Dünya’da ve Ülkemiz ’de kadına yönelik şiddet ve cinayet vakaları var mı? Elbette var.

Bu şiddet ve cinayetler yeni bir şey mi? Yeni olmadığını hepimiz biliyoruz. İstanbul Sözleşmesini imzaladık diye azaldı mı? Aksine azalmayıp çoğaldı.

Bunun sebeplerine inmek yerine, bir sözleşmeyle bu meseleyi çözeceğini zannedenlerin yanıldığı ortada.
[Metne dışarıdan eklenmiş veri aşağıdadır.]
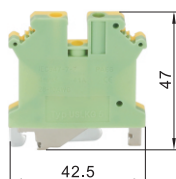

规格: 10

型号	规格	导线最大压接面积(mm <sup>2</sup> )	通道数	层数	厚度	颜色	额定电流(A)	额定电压(V)	适用配件
ZIW21	2.5	2.5	2	1	6.2	灰色	32	690	ZIW29
	2.5A		4	2			24	690	ZIW22
	5	2	1	41			800	ZIW23	
	5A	4	2	32			500	ZIW24	
	6	2	1	57	800		ZIW18		
	10	10	2	1	76		800	ZIW27	
					10.2			ZIW28	

型号	规格	导线最大压接面积(mm <sup>2</sup> )
ZIW21	2.5	2.5

请按图示订货

ZIW21 — 2.5

黄绿色

代码	类型	颜色
ZIW26	经济型 螺钉接线型	黄绿色

规格: 2.5

规格: 5

规格: 6

规格: 10

型号	规格	导线最大压接面积(mm <sup>2</sup> )	通道数	层数	厚度	颜色
ZIW26	2.5	2.5	2	1	6.2	黄绿色
	5	4			8.2	
	6	6			10.2	
	10	10				

型号	规格	导线最大压接面积(mm <sup>2</sup> )
ZIW26	2.5	2.5
	5	4

请按图示订货

ZIW26 — 2.5

接线端子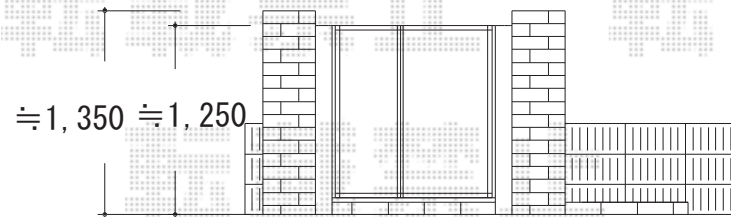

ディズニー門扉 プーさんA型 親子開き 丸柱仕様

≒350 ≒1,300 ≒350

≒1,350 ≒1,250

新日軽 ディズニー門扉 プーさんA型 親子開き 丸柱仕様
本体1枚 (W×H) = (W400+W600×H1,200mm)
色：ブラック
錠：ZCK錠 (鍵有り)
開き：内開き
追加部材：溝ふさぎカバー×2

現場状況や作図制限により概略図の内容と多少の違いが生じることがございます。
施工時は、現場優先とさせて頂きたく思いますので、お立会い頂き、
最終のご指示のほど、何卒、宜しくお願い致します。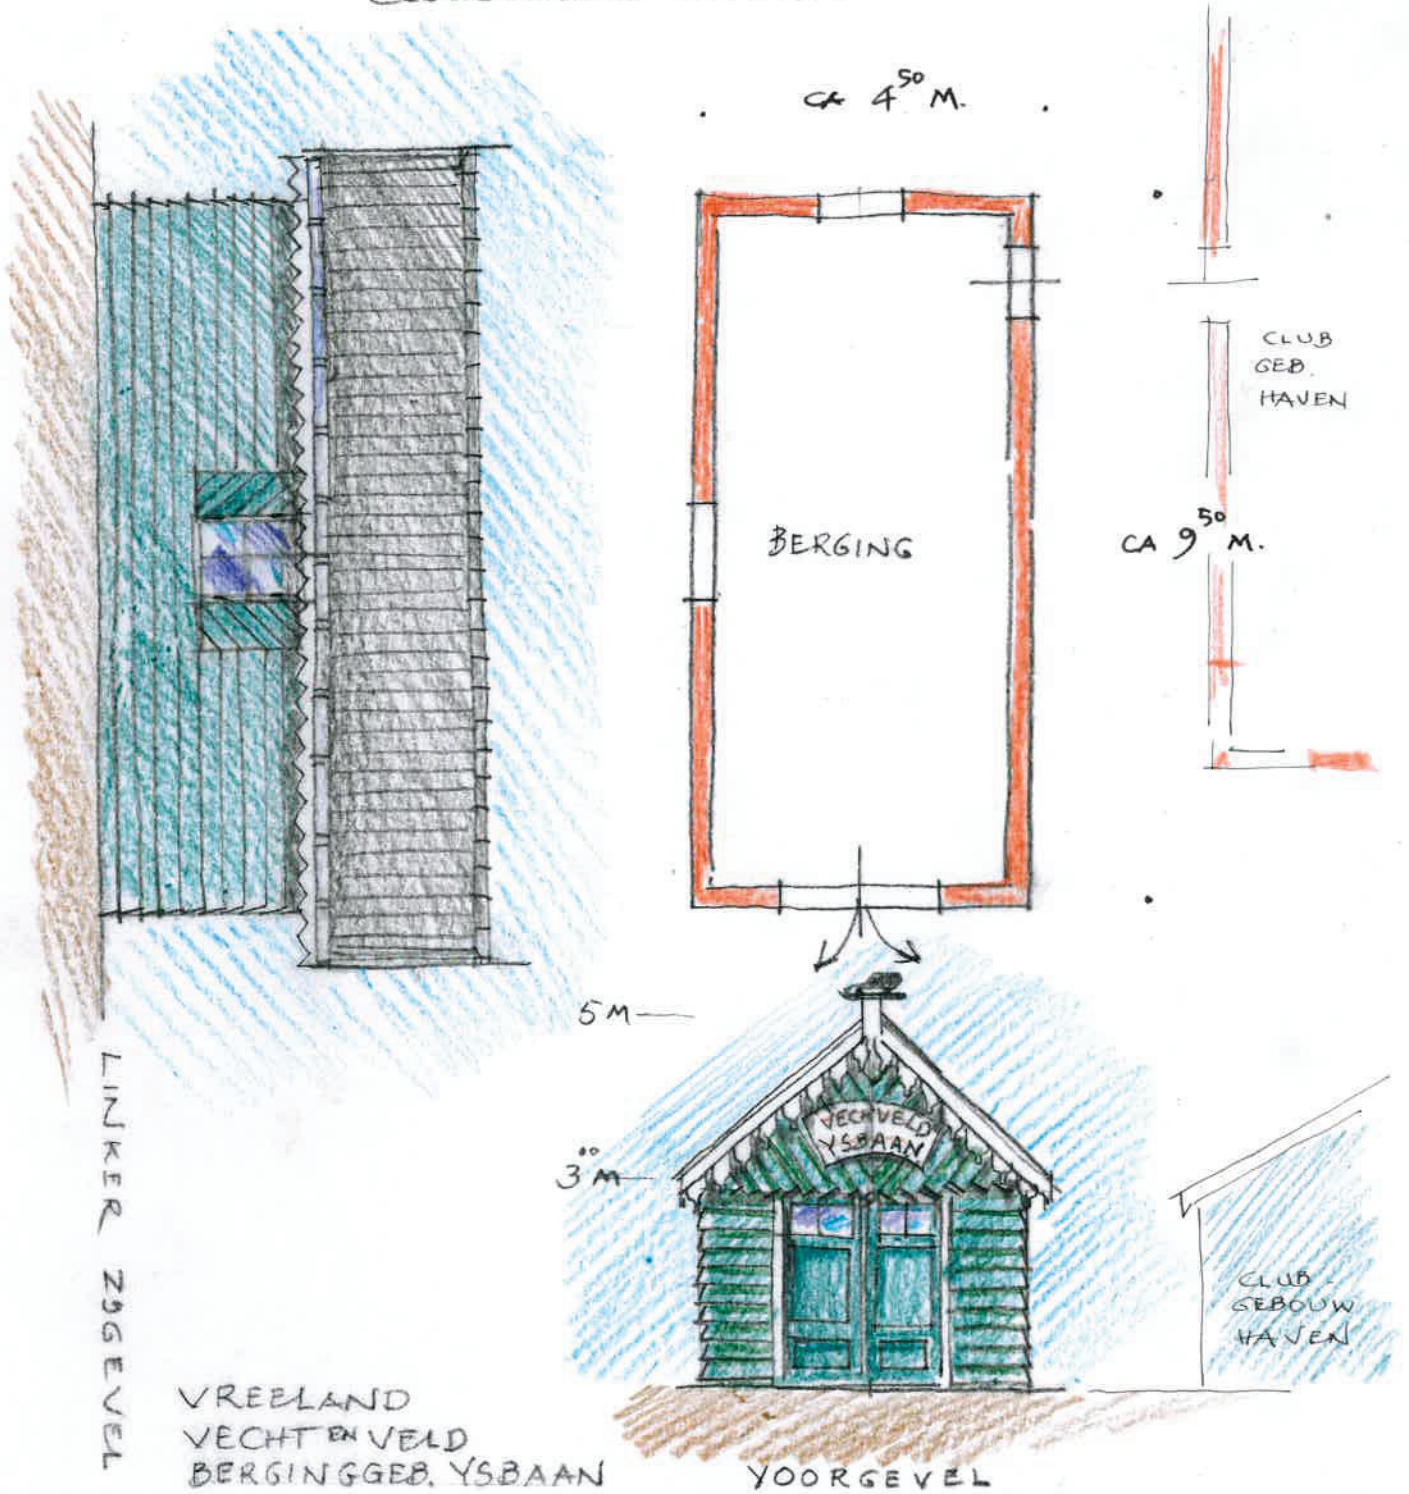

MATERIALEN ALS
 CLUBGEBOUW HAVEN

VREELAND
 VECHTEN VELD
 BERGINGGEB. YSBAAN

YOORGEVEL

SCHETS 1:100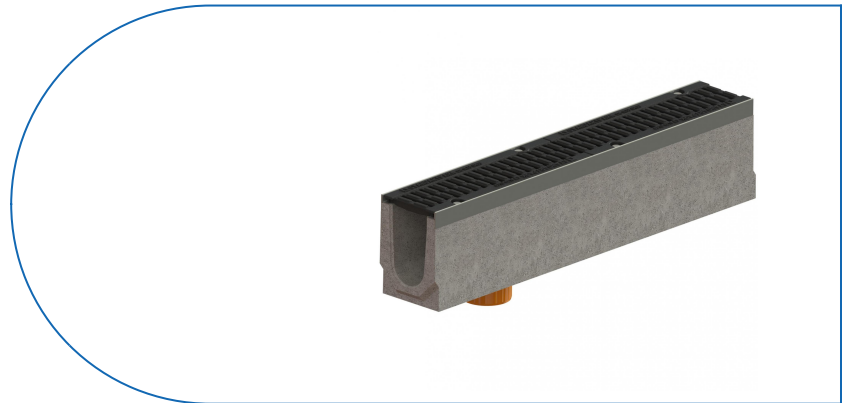

Drain: Kit rigola FB PRO LN200 Hext.310 muchii OZ gratar FONTA D400 iesire verticala DN200 1000x260x310 (04507133409/310)

04507133409/310

1000 mm
LUNGIME

310 mm
ÎNĂLȚIME

260 mm
LĂȚIME

UTILIZARE:

Rigolele din seria PRO de clasa D400 sunt destinate drenării apelor pluviale de suprafață din zone de circulație publică. Pot fi amplasate pe acostamente, parcări și spații de staționare pentru toate tipurile de vehicule rutiere.

CONDIȚII DE CALITATE:

- Conform SR EN 1433:2002
- Conform regulament EU Nr. 305/2011
- Declarație de performanță

AVANTAJE:

- Ușor de manipulat și de montat
- Rezistență la raze UV
- Diverse lățimi și înălțimi de montaj
- Utilizare în zone publice
- Durată mare de viață

GARANȚIE PRODUS:

- 50 ani - cu respectarea instrucțiunilor de montare, depozitare și exploatare

MONTAJ

Recomandăm ca sistemul de drenaj cu rigole PRO să fie montat alături de un cămin colector, la fiecare 20 metri liniari de rigolă, sau, în cazul în care instalarea unui cămin colector nu este posibilă, se pot utiliza rigole cu descărcare verticală. Sistemul este închis cu plăci de capăt pe ambele părți.

- !** Pentru un montaj eficient, recomandăm folosirea etanșantului G12M29C. Este utilizat pentru sigilarea rigolelor, țevilor și sistemelor pentru drenaj (interioare sau exterioare), pentru lipirea conexiunilor sau îmbinărilor.
- Durata de întărire: 24h/2-3 mm
 - Temperatura de utilizare: -10° C până la +40° C
 - Condiții de depozitare: Depozitați într-un spațiu ventilat, la temperaturi joase.

Peki, bu ısrar niye?

Siz Müslüman bir topluma Roma ceza hukukunu uygularsanız, siz Müslüman bir aileyi İsviçre yasalarıyla idareye kalkarsanız bin tane sözleşmeye imza atsanız bile bir şey yapamazsınız.

Meseleyi kökten ele almadan, batının dümeninde olduğu gemiye binerseniz bundan daha iyisini yapamazsınız.

Helal haram ayırt etmeyen, hak hukuk nedir bilmez bir toplum birbirini de öldürür, karısını da kocasını da.

Ateş sizin ocağa düşünce başka ocaklar yanmasın diye çığlık atmanın kime ne faydası var? Faydası olduğu görülmüş şey mi?

Ayrıca suçu işleyenlere verilen cezalar caydırıcı mı? Hapishaneler ıslah edici mi? Kendimizi kandırmanın âlemi yok, olmadığını hepimiz görüyoruz.

Bu durum da erkekler katildir, kadın düşmanıdır, ırz düşmanıdır diye bağırmanız, hatta erkekler ayıdır diye reklam çekerek neyi çözebileceksiniz?

Çözemeyeceğiniz de ortada. Ama feminist azgın nefisler ve bu azgınlar karşısında süt dökmüşe dönenler gerçeği bir türlü göremiyor.

Toplumda bir sorun var kabul. Ama bu ne yeni, ne de bu yöntemlerle çözülebilir.

Kimin kime şiddet uyguladığının da önemi yok. Şiddet şiddettir, cinayet cinayettir. Netice de hepsi can.

Gelin görün ki doğruda değil yanlış da ittifak ediyoruz.

Neymiş kadının beyanı esasmış, delil aranmazmış…

Bu yaptığınız düpedüz zorbalıktır. Zorbalıkla hiçbir şeyi halledemeyeceğinizi ne zaman göreceksiniz.

Son zamanlarda sırf nafaka için evlenip boşananlar, erkeği dolandırmak için evleneneler, erkeğin malına canına kast için nikâh masasına oturanlar az mı?

Görmek isteyene çok. Ama o kadın.

Kadınsa istediğini yapar ama erkekse sabredecek…

Hadi bu yaptığınız hukuka uygun ama vicdana uygun değil bilesiniz.

Çözüm getirmeyecek onu da göresiniz.

Feminizm, İstanbul Sözleşmesi ve 6284 sayılı kanun sebebi ile Türkiye’nin aile yapısını Avrupa’nın çöken aile yapısına çevirecek, ivedi çare lazım. 

Aile meselesi bir çalıştay ya da bilmem ne ile çözülecek mesele değil. Herkes el birliği edip bu işi çözmelidir, yoksa hep birden pişman olacağız.

Bu yıkım projesi olan İstanbul sözleşmesinden acilen vazgeçilmesi gerekiyor.